Frei Bento Domingues, Público, 24 Março de 2013:

«Deus é absoluto, mas nenhuma religião pode pretender ser absoluta. Todas têm fronteiras».
Equívoco:
«É importante desfazer um equívoco grave, para não se cair numa interpretação que nega o próprio sentido das narrativas e das cristologias do Novo Testamento. Supõe-se que esses textos foram escritos para afirmar privilégios e fundar um povo, uma Igreja de privilegiados: Cristo é único e é só nosso; se o quiserem encontrar têm de passar por nós!

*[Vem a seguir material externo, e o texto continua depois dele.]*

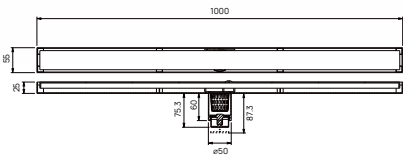

FDP 5210MB

Floor drain linear 1000x55mm

- tile insert reversible
- flood resistant
- anti odour
- anti rat and roach
- pipe size: minimum 2"
- SUS 304
- matte black
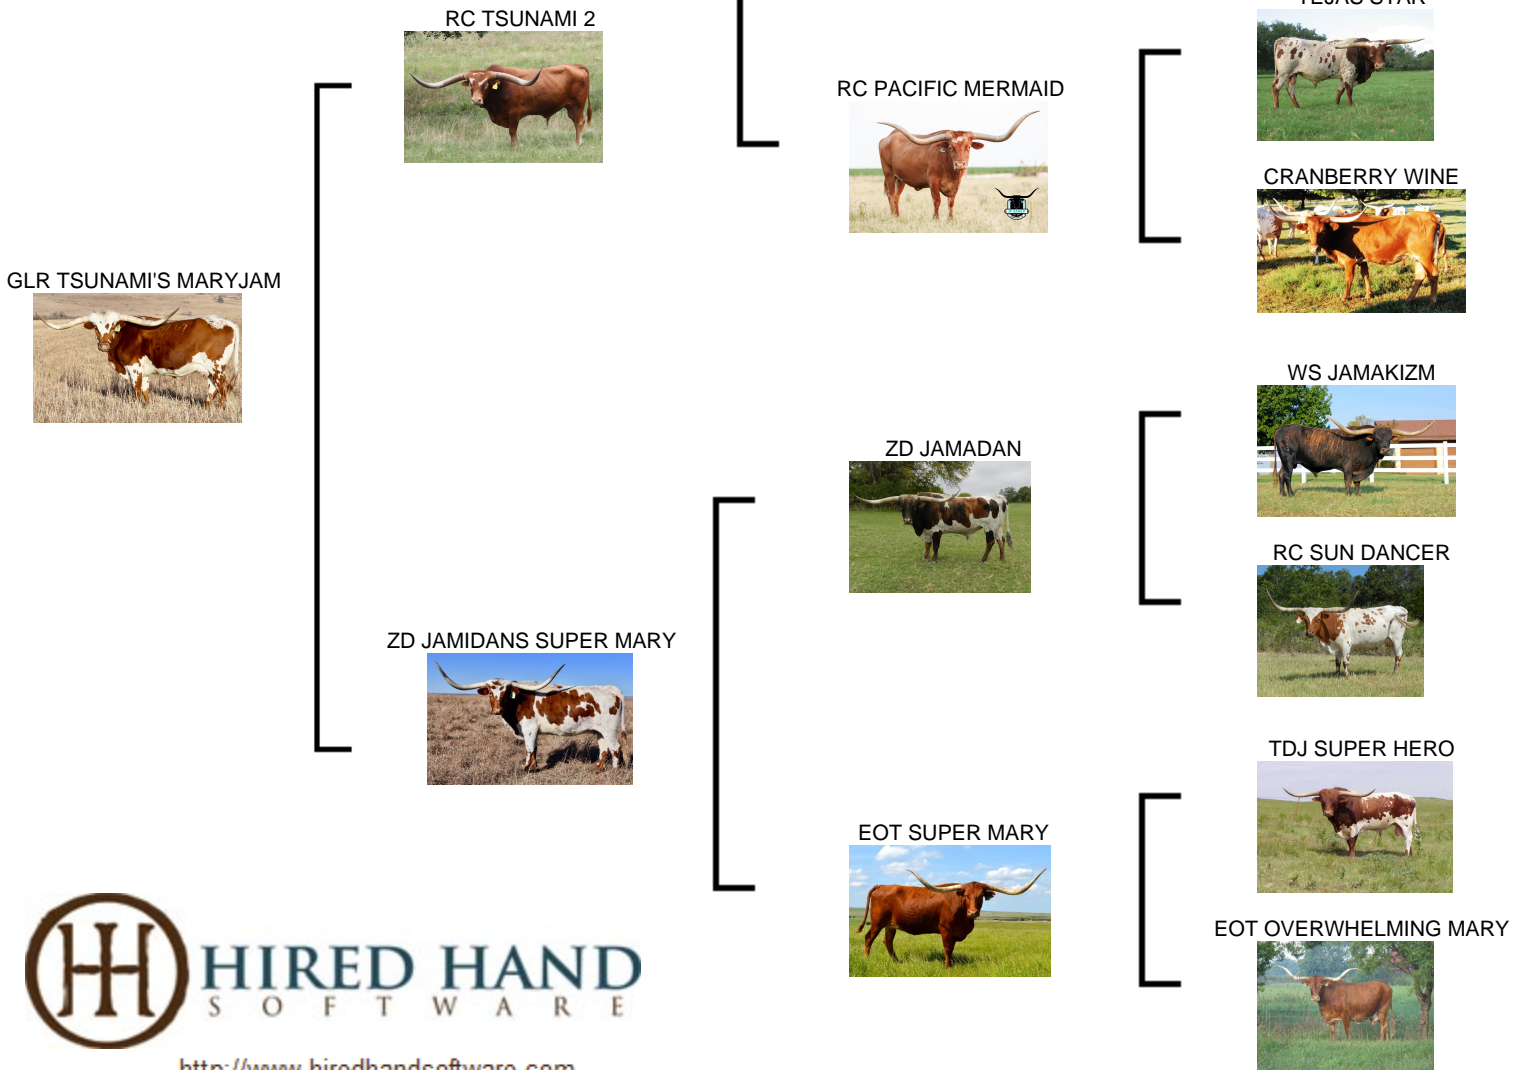

<http://www.hiredhandsoftware.com>
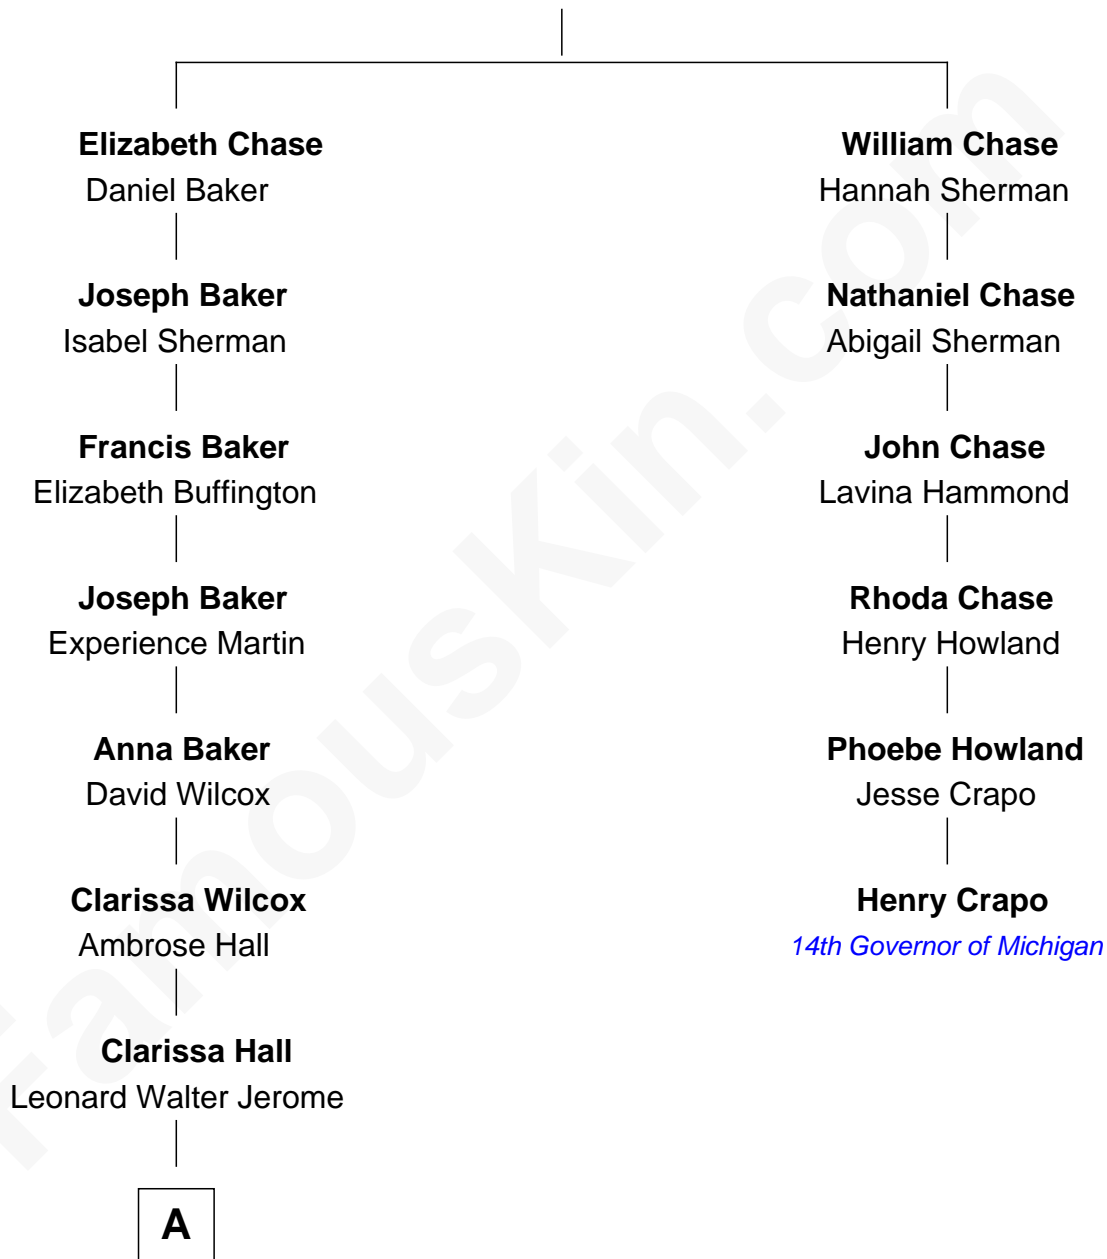

FamousKin.com

Relationship Chart of

Sir Winston Churchill

Prime Minister of the United Kingdom

5th cousin 3 times removed of

Henry Crapo

14th Governor of Michigan

William Chase

A

—
Jeanette Jerome

Randolph Henry Spencer-Churchill

—
Sir Winston Churchill

Prime Minister of the United Kingdom

FamousKin.com

O que é particular à pessoa de Jesus, a sua absoluta característica, não tem nada a ver com esse equívoco: Jesus, na sua prática histórica, remete para um Deus que não é propriedade privada nem Dele nem de ninguém. É o Deus do livre amor por todos os seres humanos, sem restrição. O Deus de Jesus também não pode ser privatizado nem sequer pelos cristãos. Por outro lado, Jesus, na sua prática histórica, surge polarizado por todos os seres humanos, sejam ou não povo de Israel. É a partir da periferia que caminha para o centro. Tudo e em tudo, dentro e fora das religiões, só tem sentido se for para o bem de toda a humanidade.
O itinerário de Jesus, testemunhado pelas narrativas evangélicas, é o de alguém que está, continuamente, voltado para o Deus de todos. Em Jesus não há rivalidade entre a dedicação a Deus e a entrega à libertação humana. É um Deus humanado».
Ainda mais uma palavra de Frei Bento no mesmo texto sobre a Paixão e Morte de Jesus que vamos celebrar nesta semana:
«No século XX não foi possível superar, inteiramente, um cristianismo dolorista. A alternativa seria um cristianismo burguês ou hedonista. Perante judeus e gregos, S. Paulo não se cansou de repetir: Pois não quis saber outra coisa entre vós a não ser Jesus Cristo, e Jesus Cristo crucificado (1Cor 2, 2). Não haverá perguntas a fazer a esta declaração? Creio que sim. Jesus não morreu nem de acidente, nem de doença nem de velho. Foi condenado à pena capital, à morte na cruz, que não desejava. A celebração da Semana Santa, as narrativas da Paixão tentam explicar por que é que o crime aconteceu. Se Jesus não amava o sofrimento, se detestava a cruz, por que é que Ele não fugiu, não renegou? A sua fidelidade à emancipação humana era maior que a sua dor.
O mais importante está, todavia, no que aconteceu na própria cruz. No momento em que é excluído da vida, Ele oferece futuro aos que lhe dão a morte. Ele morre com o mundo vivo no seu coração. A aliança de Jesus é com todos os que são contra a morte».